Whereas the industry really did not need to connect all the dots from origination through securitization in the prior era, and lenders did not really have to automate to do business, the reality is that these new-era needs can only be solved by the effective and creative use of technology.

In fact, the adoption of technology for lending and risk management will likely be a requirement for a lender's survival when we emerge from the current crisis and lending resumes. Professionals along the entire loan life cycle, from brokers to rating agencies and Wall Street, must be more technologically progressive for the overall well-being of the industry.

It is understandable why so many in the industry are apathetic about technology, given so many failed projects and technology vendors that have come and gone. There are still lingering effects of the dot-com era, when Capital Thinking, MortgageRamp and other firms promised fundamental change in the efficiencies of originating and underwriting loans.

Many lenders, banks and mortgage bankers got burned by some vendors, and those that attempted to build their own technology in-house discovered that doing so was not their core competency, thus failing and wasting millions of dollars.

But past project failures must now be forgotten. The fallout from the credit crisis, including the cessation of commercial mortgage-backed securities (CMBS) lending, has transformed the finance landscape, and it is essentially a new beginning.

New players and merged entities will soon be focusing their attention on gearing up for new business. This is an opportunity for participants to learn from the past, revisit their need for greater technology adoption, and differentiate themselves from those that are slow to adapt to new ways and realize new efficiencies.

Increased regulatory requirements
One of the biggest problems in CRE lending operations is how disconnected the data are. A loan may be screened by one person, underwritten by another in a spreadsheet, approved based on a Word document, documented and closed in legal, re-keyed onto a production report, boarded onto servicing by operations, tracked by servicers and asset managers, inspected and appraised by third parties, and pooled by capital markets groups.

Without automated data flow from one step to the next, there is no way of ensuring data integrity, avoiding redundant data entry, getting real-time reporting, easily trending a loan or measuring performance.

Regulatory compliance now must be anticipated by all financial institutions.
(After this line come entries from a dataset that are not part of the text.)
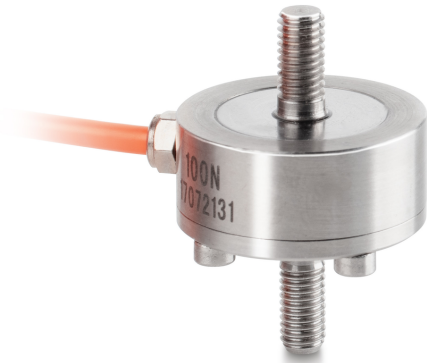

KERN CO 2000-Y2

KERN

Cella di misura a bottone in miniatura in acciaio inossidabile

Categoria

Marchio	Sauter
Categoria di prodotto	Cella di misura
Gruppo di prodotti	Cella di carico/di misura della forza
Famiglia di prodotti	CO Y2

Sistema di misura

Portata [Max]	2000 kg
Collegamento della celle di carico	4-conduttori
Celle di carico OIML classe	G5
Cella di carico - Valore caratteristico - nominale	1,5 mV/V
Celle di carico - Errore combinato	0,5%
Applicazioni di misura	forza massa
Cella di carico - Resistenza di entrata - nominale	350 Ω
Cella di carico - Resistenza di uscita - nominale	350 Ω
Cella di carico - Resistenza di isolamento - [Min]	5000 M Ω
Cella di carico - Tensione di alimentazione consigliata [Min]	9 V
Cella di carico - Tensione di alimentazione consigliata [Max]	12 V
Cella di carico - Resistenza di entrata - varianza	20 Ω
Cella di carico - Resistenza di uscita - varianza	3 Ω
Campo di misura forza [Max] (N)	20 kN
Directione de la forza	trazione compressione

Omologazione

Marchio CE	✓
------------	---

Design

Struttura	Barra di tensione/ compressione
Materiale	acciaio inossidabile
Lunghezza cavo	2 m
Dimensioni ($\varnothing \times A$)	51 \times 75 mm
Montaggio - applicazione della forza	Filettatura esterna M12
Montaggio - dissipazione della forza	Filettatura esterna M12

The restructuring of the oversight agencies will certainly result in tighter regulation of commercial lending entities. This accentuates the need for ready access to portfolio information and the ability to trend loans and, at any point, benchmark loan and asset performance to the original underwritten projections.

In addition to regulatory compliance, financial institutions will also be faced with conforming to new industry standards for data, such as MISMO or other data-exchange standards mandated by players in the industry such as investors, the government-sponsored enterprises (GSEs) and players in the (reshaped) secondary market, when it comes back.

The adoption of standards such as MISMO-formatted rent rolls and operating statements by all participants would serve at least the two immediate needs of internal risk management (making it easier to gauge asset values and trends) and external reporting transparency (by providing a foundation for exchange of information among investors, rating agencies and regulators).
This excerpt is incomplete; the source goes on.